(Dataset entries)
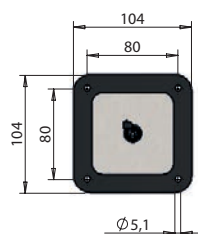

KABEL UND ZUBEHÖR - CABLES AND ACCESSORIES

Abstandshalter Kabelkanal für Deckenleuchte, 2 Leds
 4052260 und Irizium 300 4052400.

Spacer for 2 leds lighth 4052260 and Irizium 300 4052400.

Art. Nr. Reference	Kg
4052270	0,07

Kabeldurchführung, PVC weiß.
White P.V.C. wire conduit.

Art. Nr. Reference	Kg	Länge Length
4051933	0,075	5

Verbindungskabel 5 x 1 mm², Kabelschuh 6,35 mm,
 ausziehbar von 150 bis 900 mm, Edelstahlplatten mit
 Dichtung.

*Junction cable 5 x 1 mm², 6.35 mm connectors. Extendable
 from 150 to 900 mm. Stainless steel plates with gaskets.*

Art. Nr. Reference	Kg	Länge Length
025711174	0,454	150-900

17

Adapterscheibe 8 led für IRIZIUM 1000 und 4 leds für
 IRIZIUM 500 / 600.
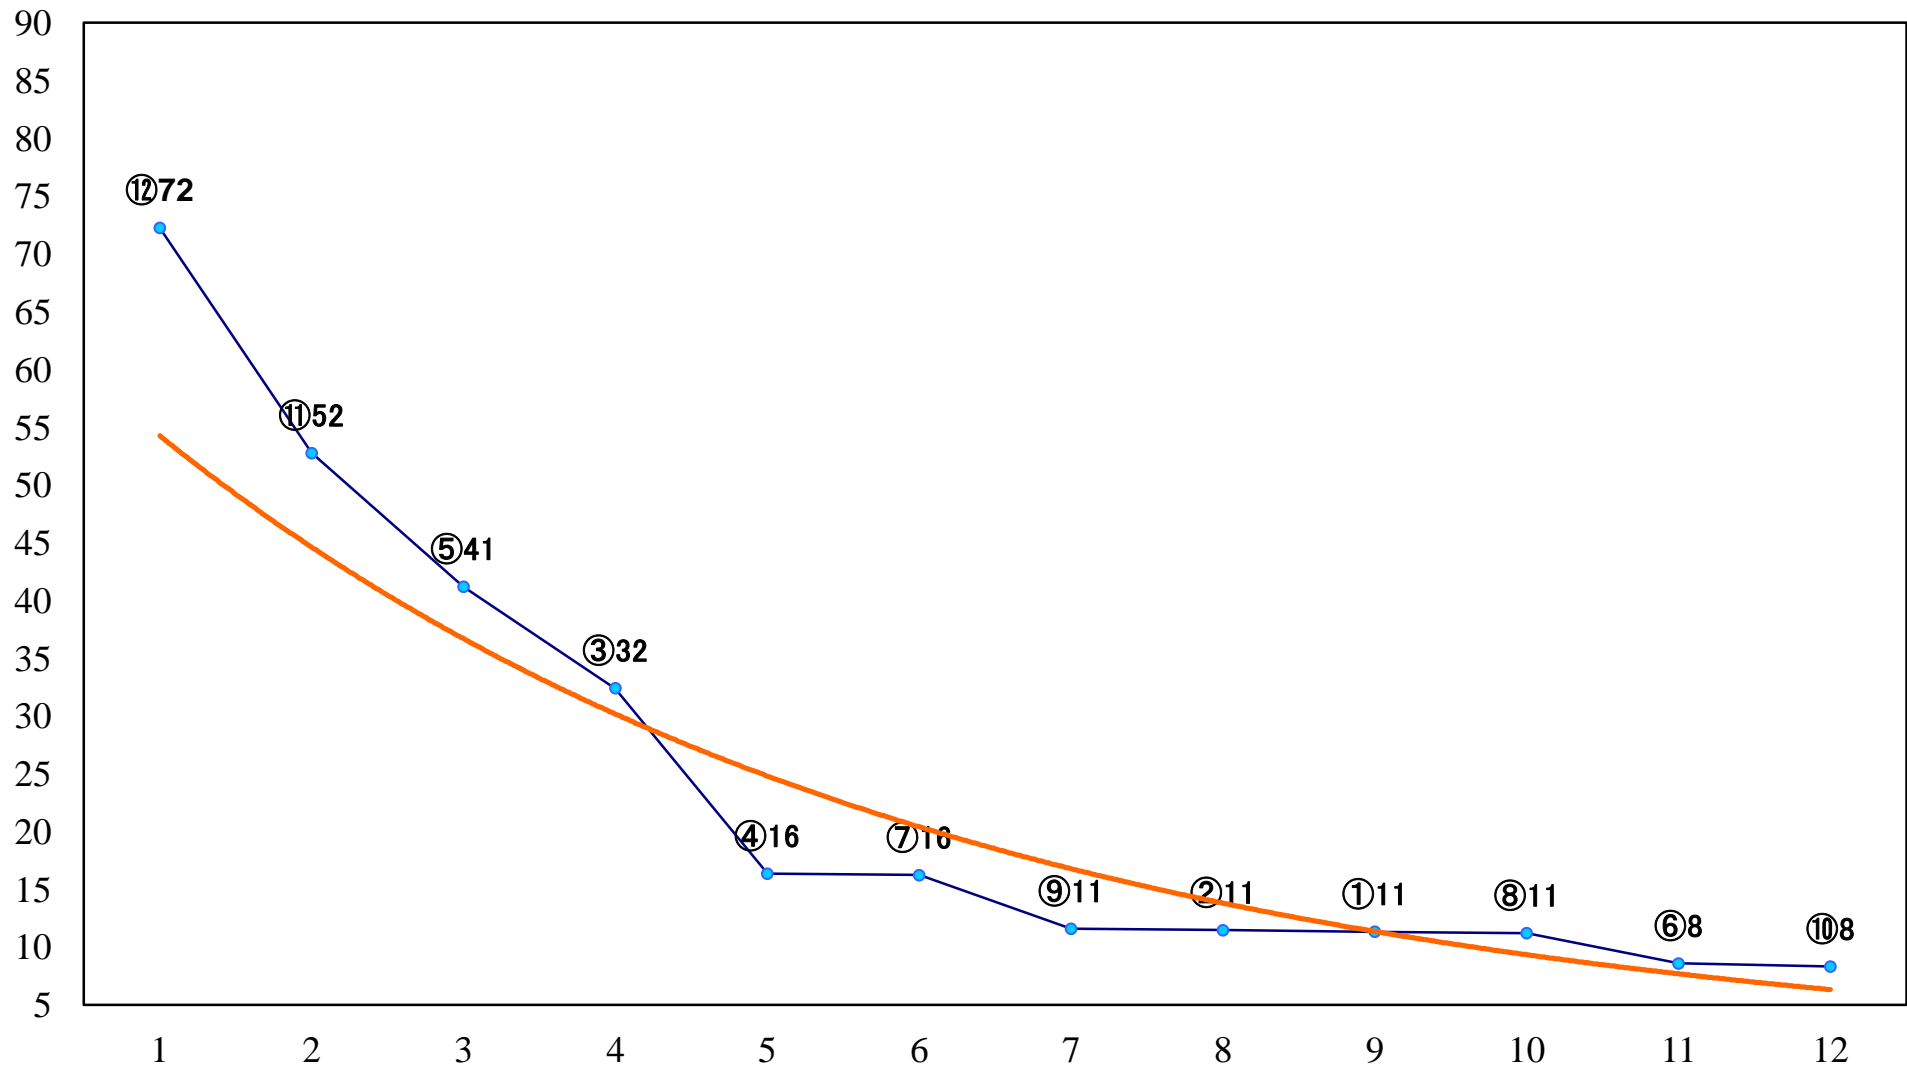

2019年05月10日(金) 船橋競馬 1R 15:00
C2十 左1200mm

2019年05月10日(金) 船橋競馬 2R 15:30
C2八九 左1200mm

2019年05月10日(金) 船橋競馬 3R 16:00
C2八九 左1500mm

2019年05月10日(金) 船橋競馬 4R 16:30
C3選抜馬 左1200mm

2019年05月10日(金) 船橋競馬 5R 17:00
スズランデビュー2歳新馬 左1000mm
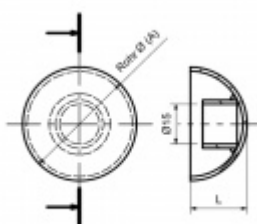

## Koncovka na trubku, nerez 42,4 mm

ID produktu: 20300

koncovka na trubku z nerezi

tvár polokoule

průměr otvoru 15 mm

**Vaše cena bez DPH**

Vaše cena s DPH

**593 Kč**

Instructions for the task => Each entry should be copied exactly as written, though any pictures stay out.

Task output =>
KABEL UND ZUBEHÖR - CABLES AND ACCESSORIES

Abstandshalter Kabelkanal für Deckenleuchte, 2 Leds
 4052260 und Irizium 300 4052400.

Spacer for 2 leds lighth 4052260 and Irizium 300 4052400.

Art. Nr. Reference	Kg
4052270	0,07

Kabeldurchführung, PVC weiß.
White P.V.C. wire conduit.

Art. Nr. Reference	Kg	Länge Length
4051933	0,075	5

Verbindungskabel 5 x 1 mm², Kabelschuh 6,35 mm,
 ausziehbar von 150 bis 900 mm, Edelstahlplatten mit
 Dichtung.

*Junction cable 5 x 1 mm², 6.35 mm connectors. Extendable
 from 150 to 900 mm. Stainless steel plates with gaskets.*

Art. Nr. Reference	Kg	Länge Length
025711174	0,454	150-900

17

Adapterscheibe 8 led für IRIZIUM 1000 und 4 leds für
 IRIZIUM 500 / 600.

2019年05月10日(金) 船橋競馬 1R 15:00
C2十 左1200mm

2019年05月10日(金) 船橋競馬 2R 15:30
C2八九 左1200mm

2019年05月10日(金) 船橋競馬 3R 16:00
C2八九 左1500mm

2019年05月10日(金) 船橋競馬 4R 16:30
C3選抜馬 左1200mm

2019年05月10日(金) 船橋競馬 5R 17:00
スズランデビュー2歳新馬 左1000mm

## Koncovka na trubku, nerez 42,4 mm

ID produktu: 20300

koncovka na trubku z nerezi

tvár polokoule

průměr otvoru 15 mm

**Vaše cena bez DPH**

Vaše cena s DPH

**593 Kč**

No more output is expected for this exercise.